Question

Suppose that f is twice differentiable on an open interval I. If f' increases on I, then the graph of f is concave up.

true or false?

explain?

Answer 1

If f(x) increases on some interval, then f'(x) will be positive on that same interval

If f ' (x) increases on some interval, then f '' (x) will be positive on that same interval

So if f ' (x) increases on some interval, then f(x) will be concave up on that same interval.

Answer 2

So, if it's decreasing on the interval then its concave down

Answer 3

you got it

Answer 4

What about..

For c in I, if f '(c)=0 and f ''(c)<0 then f has a local minimum at x=c

and

If the point (c,f(c)) is a point of inflection, then f ''(c)=0

Answer 5

f '(c)=0 implies that there is an extrema at the point (c, f(c))

we don't know if this extrema is a local min, max, or a saddle point.

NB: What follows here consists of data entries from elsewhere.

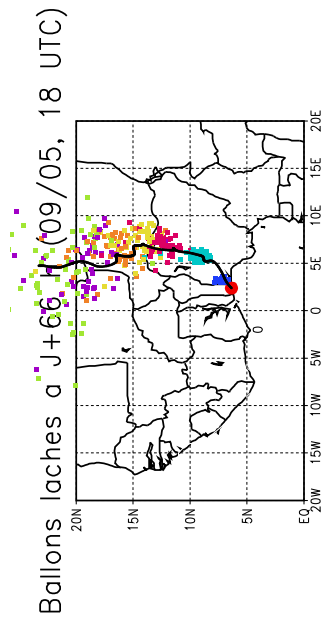

Jour J des Previs Meteo Proba: 07/05/2006 (00 UTC)
 Pression : p = 925hPa (env. d = 1.08)

Jour J des Previs Meteo Proba: 07/05/2006 (00 UTC)
 Pression : p = 925hPa (env. d = 1.08)

Positions a 00 UTC, le

■	10/05
■	11/05
■	12/05
■	13/05
■	14/05
■	15/05
■	16/05
■	17/05
■	18/05

However, since f '' (c) < 0 in this same interval, this means f(x) is concave down

so there's a local max (NOT min) at (c, f(c)) when f ' (c) = 0 and f '' (c) < 0

Answer 6

so the statement

For c in I, if f '(c)=0 and f ''(c)<0 then f has a local minimum at x=c

is false

Answer 7

If the point (c,f(c)) is a point of inflection, then f ''(c)=0

is true because this is how you find the point of inflection: you derive f twice to get f '', then you find the roots of f ''

Answer 8

thank you!

Answer 9

np